**Required work**
The listing below is to be duplicated exactly, with every picture omitted.
┌────────
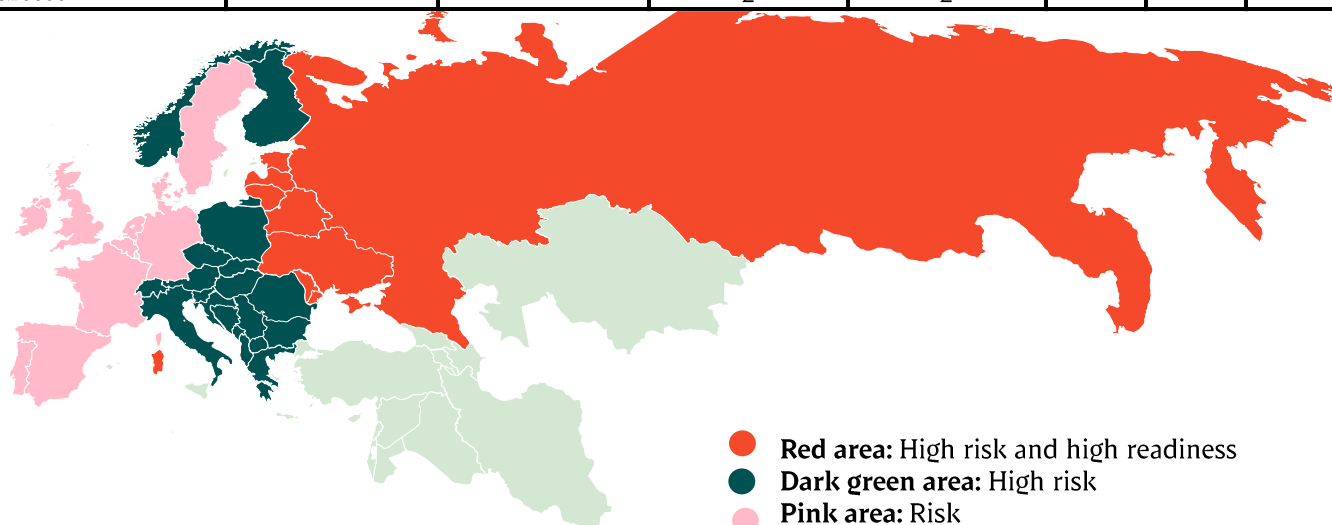

Week		
27		58.795
28		58.856
29		57.990
30		56.234
31		56.165
32		55.716
33		55.985
34		56.548
35		58.154
36		56.373
37		57.704
38		57.691
39		52.245
40		50.297
41		59.149
42		57.650
43		60.840
44		49.755
45		60.156
46		61.330
47		60.860
48		56.192
49		57.575
50		61.188
51		57.719
52		44.890
53		
Average (week)		
Total (year)		
Change (week)		

Best regards,
Danish Crown

African swine fever

The EU Commission's reporting system for African swine fever for EU countries and Ukraine has been updated until 24th of July.

Country	Period May 20th- May 26th 2023		Year to date January 1 st - May 26th		2022		2021	
	Pigs	Wild boars	Pigs	Wild boars	Pigs	Wild boars	Pigs	Wild boars
Estonia				20		57	1	0
Latvia		2		158	6	913	2	3
Lithuania		9		157	16	302		2
Poland		115	1	1.669	14	2.152	124	3
Italy (Sardinia)	1	38	3	527	4	277	1	
Ukraine			3	5	7	2	13	
Czech Republic		2		18		1		
Romania	3	4	79	206	329	465	1.648	1
Hungary		15		290		550		2
Bulgaria				120	2	387	6	3
Slovakia		5		406	5	550	11	1
Serbia			86	165	107	146	33	
Moldova			15	6	14	3	1	
Nordmakedonien				13	30	9		
Belgium								
Germany		36	1	639	3	1.628	4	2
Greece			2	2				

Best regards,

Danish Crown

African swine fever outbreaks in China

Cities/Regions		
Shenyang	Harbin	Great Khinogan Mountains
Zhengzhou	Yunnan	Yulin
Lianyungang	Jinshan	Guigang
Wenzhou	Jiangxi	Chongqing
Xuancheng	Shaanxi	Bome
Wuxi	Heilongjiang	Bayi
Chuzhou	Tongzhou	Gongbo'gyamda
Jiamusi	Linfen	Urumqi
Tongling	Daitongzhuangcun	Hubei
Xilin Gol	Qianshanzhen	Shizhu
Wuhu City	Huxian	Chengmai
Jilin	Dongjiang Avenue	
Songyuan	Yongning	
Gongzhuling	Siyang	
Horgin	Jiangsu	
Hohhot	Suihua	
Yingkou	Guizhou	
Zhaotong	Sanming	
Luotian	Zhuhai	
Baojing	Jinan	
Qingyang	Jinzhou	
Wuxue	Panjin	
Sichuan	Xushui
└────────
**Answer area**
Week		
27		58.795
28		58.856
29		57.990
30		56.234
31		56.165
32		55.716
33		55.985
34		56.548
35		58.154
36		56.373
37		57.704
38		57.691
39		52.245
40		50.297
41		59.149
42		57.650
43		60.840
44		49.755
45		60.156
46		61.330
47		60.860
48		56.192
49		57.575
50		61.188
51		57.719
52		44.890
53		
Average (week)		
Total (year)		
Change (week)		

Best regards,
Danish Crown

African swine fever

The EU Commission's reporting system for African swine fever for EU countries and Ukraine has been updated until 24th of July.

Country	Period May 20th- May 26th 2023		Year to date January 1 st - May 26th		2022		2021	
	Pigs	Wild boars	Pigs	Wild boars	Pigs	Wild boars	Pigs	Wild boars
Estonia				20		57	1	0
Latvia		2		158	6	913	2	3
Lithuania		9		157	16	302		2
Poland		115	1	1.669	14	2.152	124	3
Italy (Sardinia)	1	38	3	527	4	277	1	
Ukraine			3	5	7	2	13	
Czech Republic		2		18		1		
Romania	3	4	79	206	329	465	1.648	1
Hungary		15		290		550		2
Bulgaria				120	2	387	6	3
Slovakia		5		406	5	550	11	1
Serbia			86	165	107	146	33	
Moldova			15	6	14	3	1	
Nordmakedonien				13	30	9		
Belgium								
Germany		36	1	639	3	1.628	4	2
Greece			2	2				

Best regards,

Danish Crown

African swine fever outbreaks in China

Cities/Regions		
Shenyang	Harbin	Great Khinogan Mountains
Zhengzhou	Yunnan	Yulin
Lianyungang	Jinshan	Guigang
Wenzhou	Jiangxi	Chongqing
Xuancheng	Shaanxi	Bome
Wuxi	Heilongjiang	Bayi
Chuzhou	Tongzhou	Gongbo'gyamda
Jiamusi	Linfen	Urumqi
Tongling	Daitongzhuangcun	Hubei
Xilin Gol	Qianshanzhen	Shizhu
Wuhu City	Huxian	Chengmai
Jilin	Dongjiang Avenue	
Songyuan	Yongning	
Gongzhuling	Siyang	
Horgin	Jiangsu	
Hohhot	Suihua	
Yingkou	Guizhou	
Zhaotong	Sanming	
Luotian	Zhuhai	
Baojing	Jinan	
Qingyang	Jinzhou	
Wuxue	Panjin	
Sichuan	Xushui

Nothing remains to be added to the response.